SOURCE MATERIAL Block Start

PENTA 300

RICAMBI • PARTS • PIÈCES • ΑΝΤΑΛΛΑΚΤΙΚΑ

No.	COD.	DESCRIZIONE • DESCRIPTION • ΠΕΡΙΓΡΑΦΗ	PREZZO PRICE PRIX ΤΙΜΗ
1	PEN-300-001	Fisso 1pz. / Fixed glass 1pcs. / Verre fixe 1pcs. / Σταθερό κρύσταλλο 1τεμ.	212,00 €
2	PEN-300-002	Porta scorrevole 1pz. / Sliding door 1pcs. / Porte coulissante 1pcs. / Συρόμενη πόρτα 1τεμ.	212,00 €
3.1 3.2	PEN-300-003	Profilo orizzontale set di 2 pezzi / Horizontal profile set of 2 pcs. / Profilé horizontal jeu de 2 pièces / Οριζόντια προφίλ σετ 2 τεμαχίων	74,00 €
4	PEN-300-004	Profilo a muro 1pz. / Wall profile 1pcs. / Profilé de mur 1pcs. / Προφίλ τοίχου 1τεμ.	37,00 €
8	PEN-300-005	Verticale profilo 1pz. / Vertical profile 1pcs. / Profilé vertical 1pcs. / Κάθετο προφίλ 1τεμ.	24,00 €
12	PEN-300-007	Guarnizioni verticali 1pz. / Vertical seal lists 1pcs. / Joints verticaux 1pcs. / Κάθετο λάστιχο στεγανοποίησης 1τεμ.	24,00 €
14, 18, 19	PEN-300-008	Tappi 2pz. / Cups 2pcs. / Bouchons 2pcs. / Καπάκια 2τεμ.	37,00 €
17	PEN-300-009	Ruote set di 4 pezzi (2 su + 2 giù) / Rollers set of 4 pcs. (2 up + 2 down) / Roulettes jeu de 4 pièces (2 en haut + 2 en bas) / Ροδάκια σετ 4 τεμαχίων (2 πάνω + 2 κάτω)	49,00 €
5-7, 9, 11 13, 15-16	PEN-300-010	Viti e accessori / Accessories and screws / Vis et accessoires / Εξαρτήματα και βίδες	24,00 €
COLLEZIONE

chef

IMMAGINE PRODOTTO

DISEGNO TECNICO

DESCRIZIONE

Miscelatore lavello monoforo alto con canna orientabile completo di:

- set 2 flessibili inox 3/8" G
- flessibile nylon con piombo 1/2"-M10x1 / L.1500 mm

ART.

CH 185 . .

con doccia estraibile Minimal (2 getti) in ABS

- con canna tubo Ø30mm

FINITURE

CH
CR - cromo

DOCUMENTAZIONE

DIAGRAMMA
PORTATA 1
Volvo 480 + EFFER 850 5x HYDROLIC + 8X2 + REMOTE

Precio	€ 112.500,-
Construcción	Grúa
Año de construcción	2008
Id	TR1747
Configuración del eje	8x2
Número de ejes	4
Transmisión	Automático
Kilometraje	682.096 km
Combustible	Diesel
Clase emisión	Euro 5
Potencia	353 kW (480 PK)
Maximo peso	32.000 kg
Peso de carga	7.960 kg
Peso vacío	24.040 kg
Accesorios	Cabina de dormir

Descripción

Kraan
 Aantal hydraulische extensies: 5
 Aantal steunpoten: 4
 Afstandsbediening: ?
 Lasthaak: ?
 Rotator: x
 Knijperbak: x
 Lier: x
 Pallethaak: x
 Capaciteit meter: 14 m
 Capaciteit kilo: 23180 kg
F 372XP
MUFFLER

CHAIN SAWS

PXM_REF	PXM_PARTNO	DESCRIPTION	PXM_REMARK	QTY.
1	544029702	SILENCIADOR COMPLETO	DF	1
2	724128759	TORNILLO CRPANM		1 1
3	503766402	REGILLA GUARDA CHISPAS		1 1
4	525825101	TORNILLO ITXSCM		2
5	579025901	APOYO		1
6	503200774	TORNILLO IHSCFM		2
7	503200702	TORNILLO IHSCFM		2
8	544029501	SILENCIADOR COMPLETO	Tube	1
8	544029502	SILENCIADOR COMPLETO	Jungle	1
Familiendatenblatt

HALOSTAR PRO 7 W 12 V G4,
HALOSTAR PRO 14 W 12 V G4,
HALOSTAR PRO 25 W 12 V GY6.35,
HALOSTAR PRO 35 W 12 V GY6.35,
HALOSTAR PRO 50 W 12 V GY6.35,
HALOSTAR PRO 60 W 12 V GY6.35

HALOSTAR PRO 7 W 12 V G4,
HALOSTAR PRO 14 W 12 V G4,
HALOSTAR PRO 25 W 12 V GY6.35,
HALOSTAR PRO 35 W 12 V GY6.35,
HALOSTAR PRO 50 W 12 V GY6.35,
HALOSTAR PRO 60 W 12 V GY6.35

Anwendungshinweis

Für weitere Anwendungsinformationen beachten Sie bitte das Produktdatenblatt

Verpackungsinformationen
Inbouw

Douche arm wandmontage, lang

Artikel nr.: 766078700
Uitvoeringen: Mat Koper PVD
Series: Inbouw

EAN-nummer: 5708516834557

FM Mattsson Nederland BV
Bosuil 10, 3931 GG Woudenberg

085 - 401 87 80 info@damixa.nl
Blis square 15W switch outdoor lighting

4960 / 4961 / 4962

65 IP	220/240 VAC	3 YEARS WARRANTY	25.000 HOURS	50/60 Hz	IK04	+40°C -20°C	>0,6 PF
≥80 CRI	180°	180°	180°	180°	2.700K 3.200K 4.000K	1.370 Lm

SOURCE MATERIAL Block End
SOURCE MATERIAL Block Start

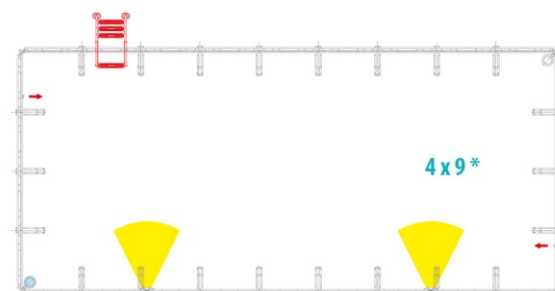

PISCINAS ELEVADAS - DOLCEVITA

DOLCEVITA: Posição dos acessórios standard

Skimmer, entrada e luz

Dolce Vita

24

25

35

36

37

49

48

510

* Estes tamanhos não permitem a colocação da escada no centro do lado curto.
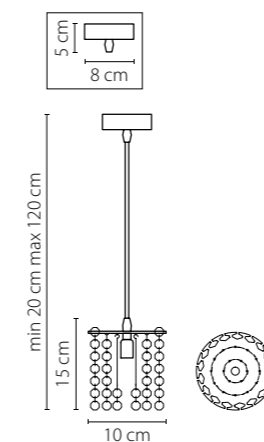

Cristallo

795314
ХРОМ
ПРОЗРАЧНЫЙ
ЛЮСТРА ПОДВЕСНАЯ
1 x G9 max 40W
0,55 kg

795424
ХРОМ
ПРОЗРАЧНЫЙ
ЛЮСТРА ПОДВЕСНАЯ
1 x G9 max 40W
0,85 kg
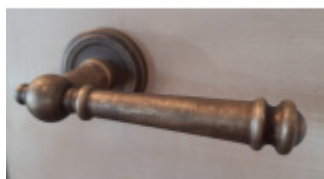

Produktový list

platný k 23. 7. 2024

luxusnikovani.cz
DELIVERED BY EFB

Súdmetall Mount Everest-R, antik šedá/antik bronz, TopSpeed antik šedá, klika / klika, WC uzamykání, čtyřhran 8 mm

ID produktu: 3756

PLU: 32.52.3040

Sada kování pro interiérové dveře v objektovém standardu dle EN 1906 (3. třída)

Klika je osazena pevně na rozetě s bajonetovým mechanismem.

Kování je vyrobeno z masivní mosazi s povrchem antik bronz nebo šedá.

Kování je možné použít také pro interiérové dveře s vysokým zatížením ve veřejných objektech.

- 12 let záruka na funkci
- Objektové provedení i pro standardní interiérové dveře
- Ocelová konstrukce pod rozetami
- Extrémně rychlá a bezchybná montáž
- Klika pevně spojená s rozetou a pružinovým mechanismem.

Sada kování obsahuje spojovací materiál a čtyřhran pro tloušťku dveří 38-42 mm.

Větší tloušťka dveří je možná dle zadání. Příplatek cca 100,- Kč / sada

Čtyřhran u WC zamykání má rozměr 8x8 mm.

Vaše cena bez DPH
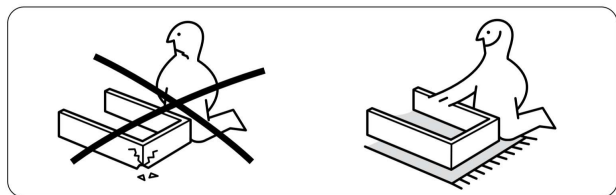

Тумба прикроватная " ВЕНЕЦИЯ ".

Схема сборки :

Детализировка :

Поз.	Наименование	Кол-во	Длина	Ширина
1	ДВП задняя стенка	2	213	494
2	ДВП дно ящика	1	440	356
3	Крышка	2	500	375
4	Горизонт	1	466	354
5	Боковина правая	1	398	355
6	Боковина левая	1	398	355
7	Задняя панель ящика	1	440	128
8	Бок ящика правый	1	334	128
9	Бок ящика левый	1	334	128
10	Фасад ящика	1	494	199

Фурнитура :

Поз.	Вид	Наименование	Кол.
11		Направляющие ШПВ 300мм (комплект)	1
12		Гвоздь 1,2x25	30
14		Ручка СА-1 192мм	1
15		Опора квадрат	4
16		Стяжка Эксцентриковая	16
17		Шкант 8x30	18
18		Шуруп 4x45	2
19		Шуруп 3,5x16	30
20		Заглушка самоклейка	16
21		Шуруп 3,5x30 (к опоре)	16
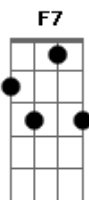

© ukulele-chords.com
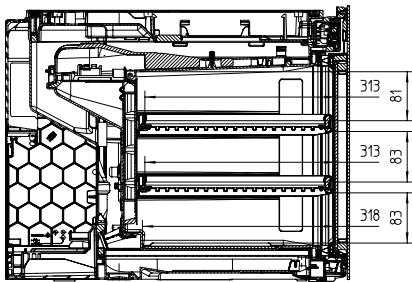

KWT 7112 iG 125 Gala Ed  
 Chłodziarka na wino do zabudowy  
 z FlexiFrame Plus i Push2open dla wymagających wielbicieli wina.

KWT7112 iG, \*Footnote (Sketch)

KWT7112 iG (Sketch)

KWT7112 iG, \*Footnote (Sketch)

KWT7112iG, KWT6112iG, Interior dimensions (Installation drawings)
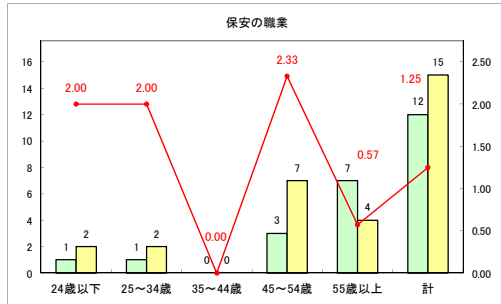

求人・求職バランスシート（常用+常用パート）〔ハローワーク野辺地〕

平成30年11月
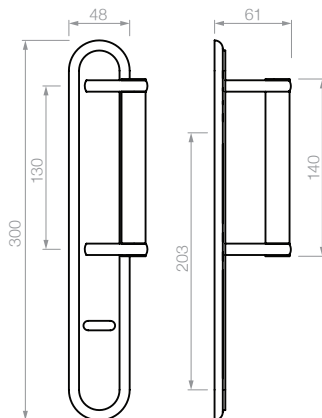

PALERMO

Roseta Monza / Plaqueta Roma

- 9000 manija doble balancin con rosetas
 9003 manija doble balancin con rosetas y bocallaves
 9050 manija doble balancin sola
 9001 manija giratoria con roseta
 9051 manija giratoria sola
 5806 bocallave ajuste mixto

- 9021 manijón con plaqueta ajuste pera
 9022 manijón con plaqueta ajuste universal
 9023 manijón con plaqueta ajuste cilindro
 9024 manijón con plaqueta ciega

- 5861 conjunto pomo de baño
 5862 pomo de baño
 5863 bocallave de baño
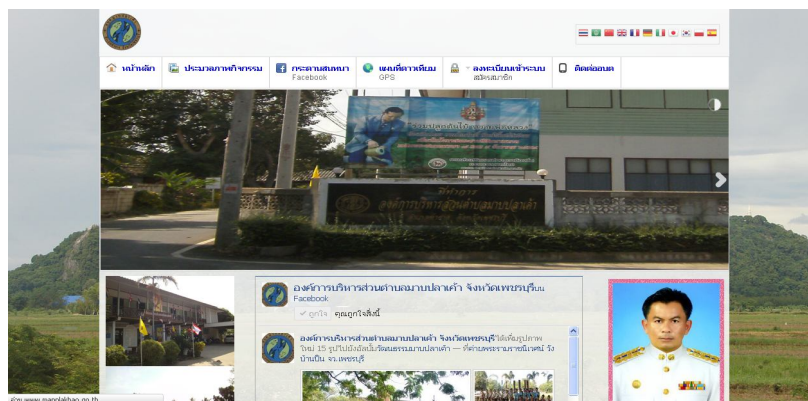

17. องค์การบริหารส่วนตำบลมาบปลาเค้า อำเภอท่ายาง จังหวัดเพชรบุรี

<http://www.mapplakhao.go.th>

SOURCE MATERIAL Block End

## [WORK INSTRUCTIONS]
Return the lines of the records that include the string "antik".

## [ANSWER BOX]
Súdmetall Mount Everest-R, antik šedá/antik bronz, TopSpeed antik šedá, klika / klika, WC uzamykání, čtyřhran 8 mm
Kování je vyrobeno z masivní mosazi s povrchem antik bronz nebo šedá.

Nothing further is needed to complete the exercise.